La squadra? "E' un gruppo di ragazzi forti, e seri, capaci di fare cose importanti. Quando arrivai dissi, fra le tante, una cosa: sono qui per stimolare, per una rivoluzione culturale che però non sono riuscito a portare fino in fondo. E questa è la nostra debolezza, ;questo è il mio grande rammarico".
"Io credo di aver portato la Roma al tavolo dei grandi, ho fatto un mercato rissaiolo, ma ci sono sempre stato, non io, c'è stata la Roma. Quella rivoluzione voleva dire: la vittoria come necessità, non possibilità. Qui tutti devono pensare alla vittoria non come possibilità e se non arriva pazienza, verrà. No, tutti noi la vittoria dobbiamo considerarlo un evento necessario. E a questo non siamo arrivati, non ci siamo ancora arrivati. E allora sì, serve questa rivoluzione... Ma non è detto che non avvenga adesso: Spalletti, che è eccezionale, può aiutarci molto".
"La Roma è la mia squadra: quando vincerà e quando perderà".

Totti:
capitano e leader. "Totti è una questione sociologica: tutti vogliamo Totti. Io gli darei il Nobel per la fisica, un Nobel per quel che ha regalato a tutto il calcio italiano e non solo, giocate che nessuno sarà più capace di riprodurre. Un Nobel per la fisica perché le sue traiettorie rimettono in discussione Copernico, Keplero... Però Totti porta una luce abbagliante che oscura tutto un gruppo di lavoro, e questa sua luce comprime la crescita di un gruppo, del gruppo. Fatale che sia così. Tutti faticano a staccarsi da lui".
Poi una frecciata a Pallotta: "Vado via dalla Roma perché sono cambiate le regole d'ingaggio. Io posso fare solamente il mio calcio, non ho una mente elastica per adeguarmi ai nuovi criteri. Il presidente e i suoi collaboratori puntano su altre prerogative, adorano la statistica e stanno cercando un algoritmo vincente.
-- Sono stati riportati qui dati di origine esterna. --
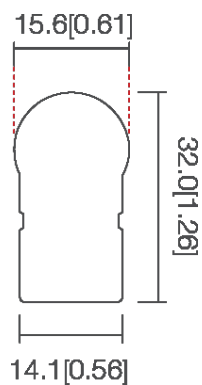

Technical Parameters

Item #	Color	Peak Wave Length	LED Qty (pcs/ft)	Min. Cuttable Length (in)	Lm/ft	Lm/W	W/m	Viewing Angle	Waterproof	Max Single Feed	Max Double Feed
NE-YGMD-W6-24A-180-XX	White	6000K	18	0.5	100	34	2.92	180	IP68	60 feet	120 feet
NE-YGMD-RR-24A-180-XX	Red		18	0.5	3	1	2.92	180	IP68	60 feet	120 feet

*Where XX represents overall length

Drawing

UNITS: Millimeters [Inches]

Sectional View

Bending Diameter

Top Bending

Side Bending

Io vivo d'istinto e nel pallone ci vedo l'universo intero. Non può essere freddamente riportato alle statistiche che descrivono i giocatori, perché aiutano, ma tradiscono. Io non intendo cambiare, Pallotta invece intende puntare su altro quindi verrò sostituito da una diversa cultura, da un diverso modo di fare".
E infine il motivo reale che ha fatto accelerare il suo addio ai colori giallorossi, che riguarda un mancato acquisto nell'ultimo mercato estivo: "La causa scatenante per cui ho assunto questa mia decisione riguarda un giocatore che sta facendo molto bene in Italia e che non ho preso. Ho perso quel giocatore perché mi è mancata l'arroganza, la forza, la determinazione e la sicurezza di poter fare quell'operazione, che comportava anche una ricca commissione. Sentendo alle mie spalle tutta una serie di osservazioni, punti di domanda e recriminazioni ho perso l'attimo fuggente, che è la mia forza. Non lo perdo mai, perché quando c'è da arrivare su una cosa io ci arrivo con forza e con prepotenza, orgogliosamente romanista. Perso questo giocatore, ho riflettuto sul fatto che non merito più la Roma".
Il nome "non lo voglio dire perché odio non averlo preso, mi fa stare male. E quando maturo un sentimento di questo tipo, voglio sportivamente morire" ma tutti gli indizi portano a Lucas Boyé, attaccante argentino classe '96 finito al Torino.